Pommes Sautées
As I walked up the Rue des Martyrs with my bag of small, perfect, waxy potatoes I doffed my imaginary hat to Monsieur Parmentier. Well, I do have a hat and wore it a lot not so long ago to cover a healing wound on my forehead but this wasn’t necessary anymore, and anyway the hat wasn’t with me now in Paris. Nor was Monsieur Parmentier, though any remains of him lie in a plot in Père Lachaise ringed by potato plants.
I would not be intending to cook my potatoes if not for the duplicitous actions of Parmentier back in the late years of the 18th century. After he’d realized that this odd-shaped tuber looted from the Incas in Peru (along with their gold and silver) was extremely nutritious, and no one would believe him, he’d come up with a ruse.

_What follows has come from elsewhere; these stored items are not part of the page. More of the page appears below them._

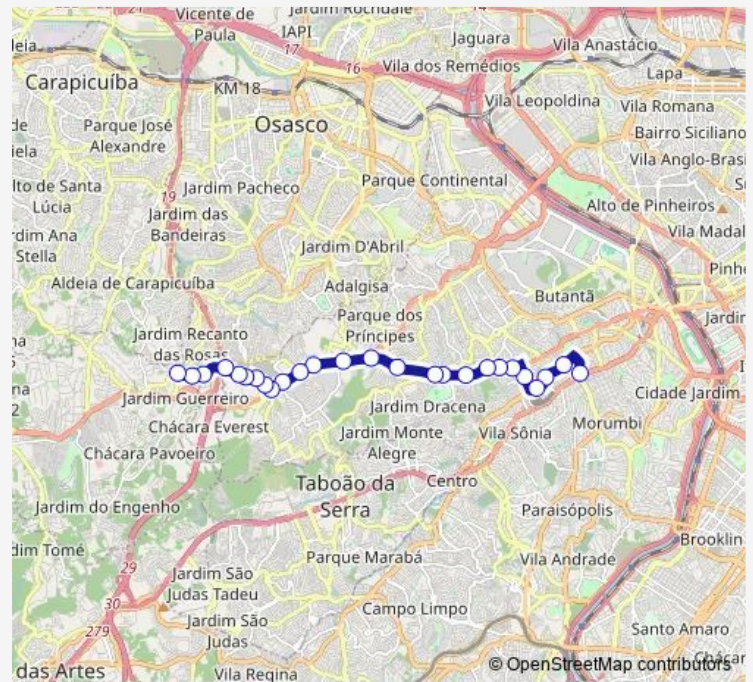

Terminal do Metro Morumbi

Av. Eliseu De Almeida 1650 - Jardim Peri Peri Sao Paulo - SP 05537-160 Brasil

Av. Eliseu De Almeida 2481

Av. Eliseu de Almeida 2700 - Jardim Peri Peri Sao Paulo - SP 05533-000 Brasil

Route schedule

Terminal do Metro Morumbi — Rua Sitio do Ribeirao 557 - Parque Frondoso Cotia - SP 06709-320 Brazil

Monday	05:40-19:20
Tuesday	05:40-19:20
Wednesday	05:40-19:20
Thursday	05:40-19:20
Friday	05:40-19:20
Saturday	—
Sunday	—

Route info

Direction: Terminal do Metro Morumbi

Stops: 26

Trip Duration: 0 hour 50 min

■ 543 — Cotia (Jardim Santa Isabel) - SAO Paulo (Metro Morumbi) **BusMaps**

Rod. Raposo Tavares - R. Cachoeira Poraque - Conj.
Promorar Raposo Tavares Sao Paulo - SP 05576-200
Brasil

Using money given to him by King Louis XVI, he purchased a plot of impoverished ground outside Paris, in Neuilly-sur-Seine, and planted it with potatoes. When the time to dig them came, he built a fence around them and put armed guards outside it. These men wore uniforms the color of potatoes. They were told to leak the news that they were guarding an extremely precious food. Then, one night, they left their post. Thieves arrived within a couple of hours and stole the entire crop. Over the next few days the potatoes were sold in the city’s markets as the food of kings.
So my guests wouldn’t know they would be eating the food of kings. Nor would I tell them, though I might well concoct a story about the breed of pigs their pork chops had come from. And the posh wine that had yielded the wine vinegar I’d used in the salad dressing. I could try telling them I’d climbed over the fence of Père Lachaise the previous night, armed with a phone-torch, a troweling spade, and a canvas bag, and dug the potatoes from Monsieur Parmentier’s plot — only taking the small ones that were right for pommes sautées, of course — but I know they wouldn’t believe me.
I was distracted from these smug reveries by my mobile phone ringing. I dug it out of my pocket and answered it, thinking one advantage of being in France was that nobody rang me. The voice at the other end was not one I recognized. It said, at first quietly, “Are you OK?” then in a louder voice, “Please tell me you’re OK over there,” and that was it. When I went to check the number, it had been withheld. What had I landed myself in, I wondered? I went home to deal with my 19th-century French meal.